Dapatkan modal koperasi yang memadai dan mintalah anggota terlibat mengawasinya. Bisnis tidak dapat berfungsi tanpa modal, termasuk koperasi. Modal koperasi pada umumnya berasal dari anggota melalui pembagian modal, atau laba ditahan (cadangan). Berdasarkan definisinya, laba ditahan membutuhkan waktu untuk terbentuk, dan jelas tidak tersedia saat start-up. Secara historis, koperasi didanai oleh uang tunai yang disetorkan oleh para anggota. Mereka menyimpan tabungannya di koperasi dan dapat menariknya jika diperlukan.

Modal saham, yang tidak dapat ditarik selama seseorang masih menjadi anggota koperasi, tidak lagi memadai untuk memenuhi kebutuhan modal koperasi. Untuk itu diperlukan upaya-upaya untuk memobilisasi modal dari anggota secara konstruktif. Hal ini bisa terjadi kalau Partisipasi para anggota tinggi. Partisipasi yang tinggi menjadi pertanda bahwa para anggota memiliki literasi yang bagus dalam berkoperasi. Saya melihat itu terjadi di i-Coop. Setiap anggota koperasi berpartisipasi $10 per bulan guna mendukung inisiatif-inisiatif (Project) yang sudah disetujui bersama.

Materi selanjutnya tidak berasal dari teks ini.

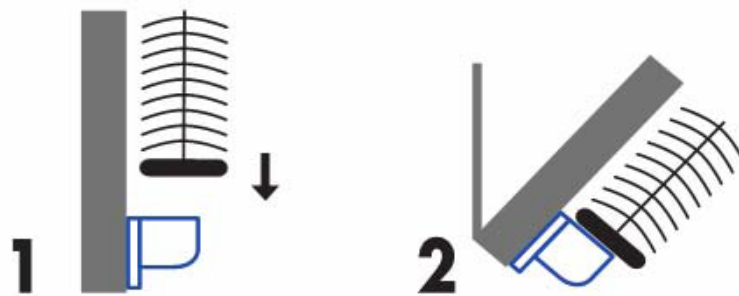

Invasionsfreie Fensterrahmen Montage

(Montagehalter geeignet für Alu 25mm und Holz 25 mm Jalousien)

Klemmhalter für oben.

Invasionsfreie Magnethalter der Alujalousie Unterschiene.

**Invasionsfreie Klemmhalter für Alu 25mm und Holz 25mm Jalousien,
Version mit Seilführung**

Karena Partisipasi anggota yang tinggi, i-Coop mampu membangun beberapa kota koperasi di pedesaan terpencil di Korea. Kota-kota Koperasi ini menghidupkan ekonomi lokal yang sebelumnya masih terbelakang. Bahkan menurut penuturan para nara sumber di sana, keberadaan kota koperasi akibat wilayah itu kurang diperhatikan oleh pemerintah. Koperasi hadir di sana. Bagaimana dengan kita?

Ayo… kita praktekkan Blueprint ini. Semoga suatu hari Koperasi kita bisa sebaik dan sekuat i-Coop, Korea, koperasi dimana kita pernah belajar.